FOR IMMEDIATE RELEASE
Friday, Oct. 28, 2005
Contact:
Dave Wellman, Director of Communications, (304) 696-7153
 

MU professor receives prestigious Margaret Mead Award

HUNTINGTON, W.Va. – Dr. Luke Eric Lassiter, director of the Graduate Humanities Program at the Marshall University Graduate College and professor of humanities and anthropology, has received the 2006 Margaret Mead Award from the American Anthropological Association and the Society for Applied Anthropology.

The Margaret Mead Award, initiated by the Society for Applied Anthropology in 1979, and awarded jointly with the American Anthropological Society since 1983, celebrates the tradition of bringing anthropology to bear on wider social and cultural issues.

The Margaret Mead Award is presented to a younger scholar for a particular accomplishment such as a book, film, monograph, or service that interprets anthropological data and principles in a way that makes it meaningful and accessible to a broadly concerned public.

Dr. Lassiter received the Margaret Mead Award in part for his book, The Other Side of Middletown: Exploring Muncie’s African American Community, which was published in 2004, as well as for his continuing explorations of race relations and collaborative, community-based research and writing.

“I am extremely honored to be named the recipient of the 2006 Margaret Mead Award,” Lassiter said. “As Margaret Mead was recognized widely for her commitment to both anthropology and, more importantly, to our larger society, I am especially honored that the awards committee singled out The Other Side of Middletown as representative of the kind of work that Mead championed.”

Lassiter, 37, came to Marshall this year from Ball State University in Muncie, Ind., where he had been an associate professor of anthropology.

Lassiter received his B.S. in anthropology and social science from Radford (Va.) University in 1990, and his Ph.D. in anthropology from the University of North Carolina at Chapel Hill in 1995.

The Mead award is designed to recognize a person clearly associated with research and/or practice in anthropology. The awardee’s activity exemplifies skills in broadening the impact of anthropology – skills for which Margaret Mead was admired widely.

 “This is a wonderful honor for Dr. Lassiter, the College of Liberal Arts, and Marshall University, and certainly has broad implications for us in continuing to build the profile and the interdisciplinary contributions of the Graduate Humanities Program to our state and region,” Dr. Christina Murphy, dean of MU’s College of Liberal Arts, said. “It’s really exciting, too, to see our COLA faculty receive the type of national recognition that continues to put Marshall University on the map as an exciting and innovative place to be.”
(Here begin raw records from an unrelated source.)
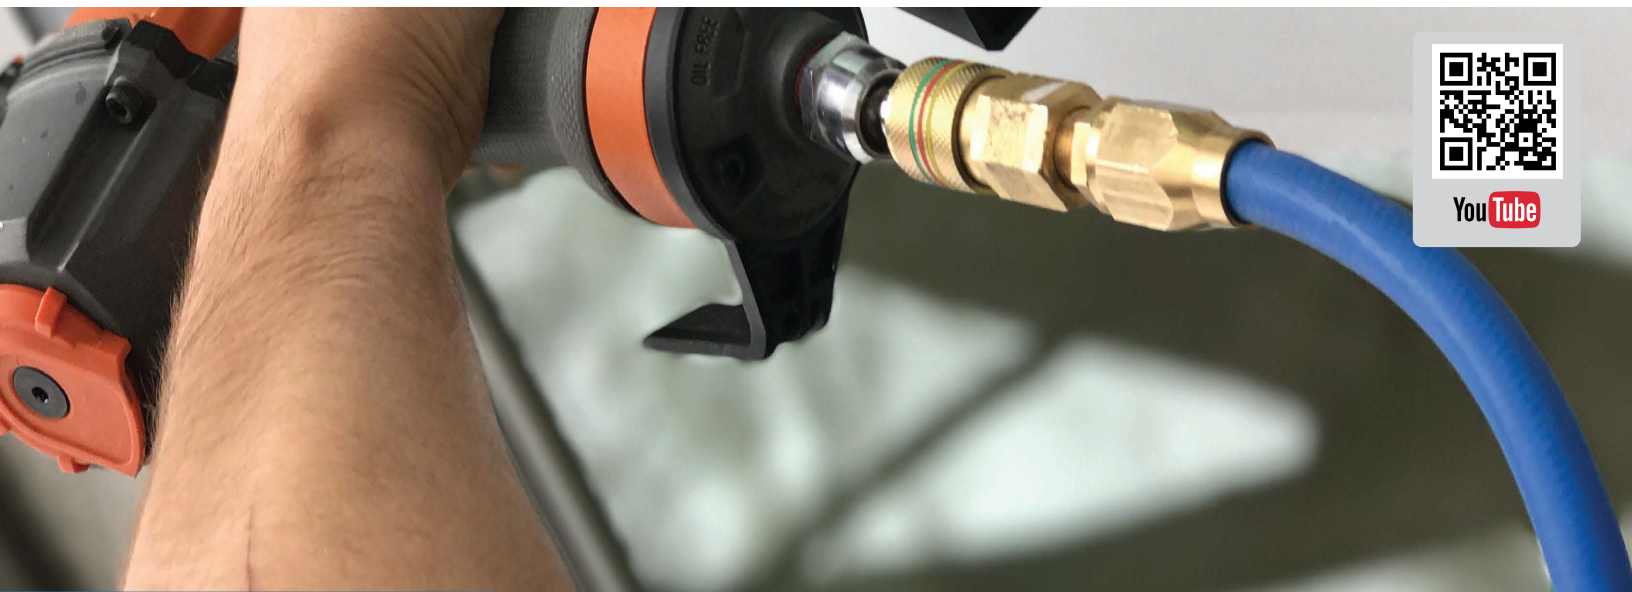

YouTube

10 Year Warranty on hose | **1** Year Warranty on accessories

BluBird Air Hose with Field Repairable Fittings

FastFix fittings allows a damaged hose to be repaired on the job site

40% LIGHTER
than traditional rubber air hoses

100% Rubber

Soild Brass FastFix Fittings

- BluBird hose as light as hybrid
- 2 x Male NPT connections
- Extreme weather flexibility
- No memory - lays flat
- Abrasion resistant
- Kink resistant core design
- 1/4" Male NPT FastFix Fittings
- 300 PSI working pressure
- 4:1 Safety burst factor

Solid Brass FastFix fittings are superior to aircraft aluminum fittings.

BluBird Air Hose with Field Repairable Fittings

40% Lighter Than Traditional Rubber Air Hoses
100% Rubber

- As light as hybrid
- High strength polyester woven braided reinforcement
- Maintains integrity under extreme weather conditions
- Ozone resistant
- Abrasion resistant
- Kink resistant
- 4-Finger grip bend restrictor protects the fittings from damage & offers better control over the hose.

The BluBird FastFix hose is a combination of the BluBird Hose and FastFix field repairable fittings. The BluBird hose is the lightest, strongest most flexible 100% rubber air hose ever made and the FastFix field repairable fittings make it easy and fast to repair a hose in minutes, restoring the hose to it's original 300 PSI working pressure, 1200 PSI burst rating. The FastFix fittings are 100% brass for strength and durability.

Lassiter said The Other Side of Middletown: Exploring Muncie’s African American Community (AltaMira Press, 2004) was a joint writing project among groups of faculty, students, and members of the African American community of Muncie, Ind. – site of the famous “Middletown” studies, first initiated by Robert and Helen Lynd in their 1929 book, Middletown: A Study in Modern American Culture.

“As a collaboration of community and campus, this book recounts the largely unrecorded history of Muncie’s black community (which the Lynds and subsequent researchers downplayed), and details the efforts of community and campus to rectify the representation of “small town America” as exclusively white,” Lassiter said. “Exploring issues of race, power, and inequity, faculty, students, and community members together designed and implemented a collaborative ethnographic field project that involved intensive interviews, research, and writing between community organizations, local experts, ethnographers, and teams of college students.

“That the Margaret Mead awards committee decided to bestow recognition on The Other Side of Middletown is tremendously gratifying, especially because it is a significant endorsement of the hard work put forth by the students, Muncie community members, and faculty who together worked on this project,” Lassiter said. “I am indeed pleased that the award pays tribute to this kind of community-centered and collaboratively conceived work.”